Given a text string containing characters only from lowercase alphabetic characters and a pattern string containing characters only from lowercase alphabetic characters and two other special characters '.' and '*'.

Your task is to implement a pattern matching algorithm that returns true if pattern is matched with text otherwise returns false. The matching must be exact, not partial.

##### Explanation of the special characters:

1) '.' - Matches a single character from lowercase alphabetic characters.

2) '*' - Matches zero or more preceding character. It is guaranteed that '*' will have one preceding character which can be any lowercase alphabetic character or special character '.'. But '*' will never be the preceding character of '*'. (That means "**" will never occur in the pattern string.)

'.' = "a", "b", "c", ... , "z".

a* = "a","aa","aaa","aaaa",... or empty string("").

ab* = "a", "ab", "abb", "abbb", "abbbb",...

##### Example One

Input: text = "abbbc" and pattern = "ab*c"

Output: true

Given pattern string can match:

"ac", "abc", "abbc", "abbbc", "abbbbc", ...

##### Example Two

Input: text = "abcdefg" and pattern = "a.c.*.*gg*"

Output: true

".*" in pattern can match  "", ".", "..", "...", "....", ...

"g*" in pattern can match "", "g", "gg", "ggg", "gggg", ...

Now, consider:

'.' at position 2 as 'b',

'.*'  at position {4,5} as "...",

'.*' at position {6,7} as "" and

[g*] at position {8,9} as "".

So, "a.c.*gg*" = "abc...g" where we can write "..." as "def". Hence, both matches.

##### Example Three

Input:

text = "abc" and pattern = ".ab*.."

Output: false

If we take 'b*' as "" then also, length of the pattern will be 4 (".a..").

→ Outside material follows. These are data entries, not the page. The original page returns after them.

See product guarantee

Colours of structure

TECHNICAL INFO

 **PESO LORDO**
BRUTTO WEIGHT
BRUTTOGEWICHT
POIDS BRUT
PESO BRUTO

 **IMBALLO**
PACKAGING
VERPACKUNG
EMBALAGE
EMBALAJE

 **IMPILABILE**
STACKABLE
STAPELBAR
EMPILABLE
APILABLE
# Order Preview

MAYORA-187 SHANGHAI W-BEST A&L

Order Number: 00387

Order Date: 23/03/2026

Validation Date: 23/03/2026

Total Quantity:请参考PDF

But, given text's length is only 3. Hence, they can not match.

##### Notes

Input Parameters: There are two arguments, first one is string denoting text and second one is string denoting pattern.

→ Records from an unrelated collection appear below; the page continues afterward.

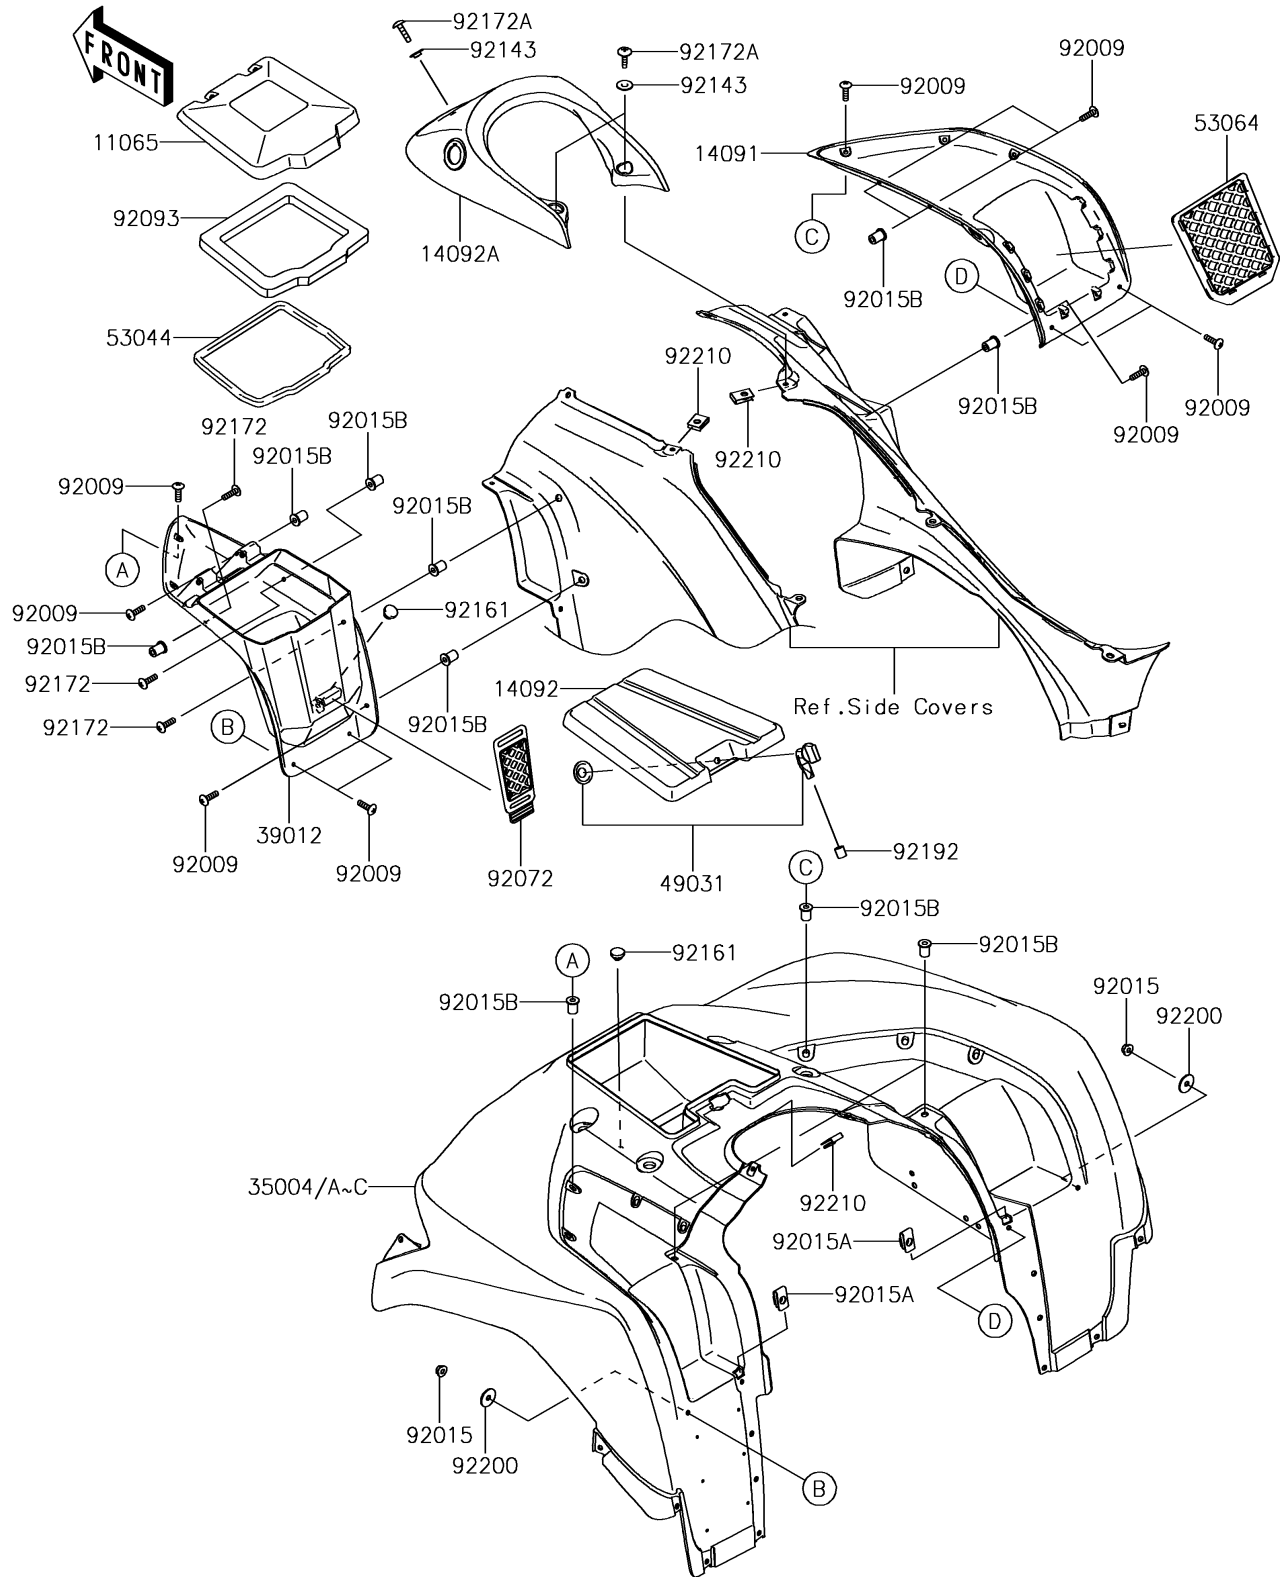

2016 BRUTE FORCE® 750 4x4i EPS

PARTS DIAGRAM

Front Fender(s)

F2171

2016 BRUTE FORCE® 750 4x4i EPS

Kawasaki
Let the Good Times Roll®

PARTS LIST

Front Fender(s)

ITEM NAME	PART NUMBER	QUANTITY
CAP,STORAGE,F.BLACK (Ref # 11065)	11065-0194-6Z	1
COVER,POCKET,RH,F.BLACK (Ref # 14091)	14091-0136-6Z	1
COVER,STORAGE BOX (Ref # 14092)	14092-0180	1
COVER,TOP,F.BLACK (Ref # 14092A)	14092-0769-6Z	1
FENDER-FRONT,B.WHITE (Ref # 35004)	35004-0153-266	1
CASE-STORAGE,F.BLACK (Ref # 39012)	39012-0015-6Z	1
LATCH (Ref # 49031)	49031-0004	1
TRIM,L=700 (Ref # 53044)	53044-0037	1
NET-CARGO (Ref # 53064)	53064-0002	1
SCREW,5X18 (Ref # 92009)	92009-1655	14
NUT,FLANGED,5MM (Ref # 92015)	92015-1259	2
NUT,5MM (Ref # 92015A)	92015-1710	2
NUT,WELL,5MM (Ref # 92015B)	92015-1757	15
BAND,STORAGE (Ref # 92072)	92072-0095	1
SEAL,STORAGE CAP (Ref # 92093)	92093-0568	1
COLLAR (Ref # 92143)	92143-1087	3
DAMPER (Ref # 92161)	92161-0586	2
SCREW,5X18 (Ref # 92172)	92172-0428	3
SCREW,TAPPING,6X20 (Ref # 92172A)	92172-0488	3
TUBE (Ref # 92192)	92192-0973	1
WASHER,5.5X20X1.2 (Ref # 92200)	92200-0284	2
NUT,LEAF SPRING,6MM (Ref # 92210)	92210-0624	3
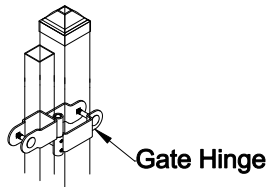

Applicable Hardware

The product design contained on this drawing is proprietary to Fortress Iron, LP, Garland, Texas, USA, and is not to be copied electronically or manually, or reproduced in any manner, or divulged to other sources, without the expressed written permission of an authorized representative of Fortress Iron L.P. *(Always consult local building codes)

Output: Return boolean, true if text and pattern matches exactly, otherwise return false.

##### Constraints:

● 0

● Text string containing characters only from lowercase alphabetic characters.

● Pattern string containing characters only from lowercase alphabetic characters and two other special characters '.' and '*'

● In pattern string, It is guaranteed that '*' will have one preceding character which can be any lowercase alphabetic character or special character '.'. But '*' will never be the preceding character of '*'.

#### Solutions

We provided two solutions.

In both solutions we are making simplified pattern string from pattern string (explained below with examples). Basically, We are removing duplicate '*' character from pattern string and '*' itself also. We are also maintaining isStarChar boolean array to store whether simplified pattern character was followed by '*' in pattern string or not.

e.g. If pattern = [abc*c*c*dd*] then simplified pattern string = "abcdd" and isStarChar = [false, false, true, false, true].

Here, in this example we have removed [c*c*c*] and keep only one [c]. [c]'s position in the simplified pattern string is 3. So, we have stored true at position 3 of isStarChar and also removed '*' from pattern string. Same for character 'd*'.

#### 1) brute_solution.java

##### Time Complexity:

O(2^(len_simpl_pat + len_text))

##### Auxiliary Space Used:

O(len_pat + len_text).

We are using one extra character array and one boolean array to make the simplified pattern string. Also, O(len_pat + len_text) space will be used by recursion stack.

##### Space Complexity:

O(len_pat + len_text).

As input is O(len_pat + len_text) and auxiliary space used is also O(len_pat + len_text). So, O(len_pat + len_text) + O(len_pat + len_text) -> O(len_pat + len_text).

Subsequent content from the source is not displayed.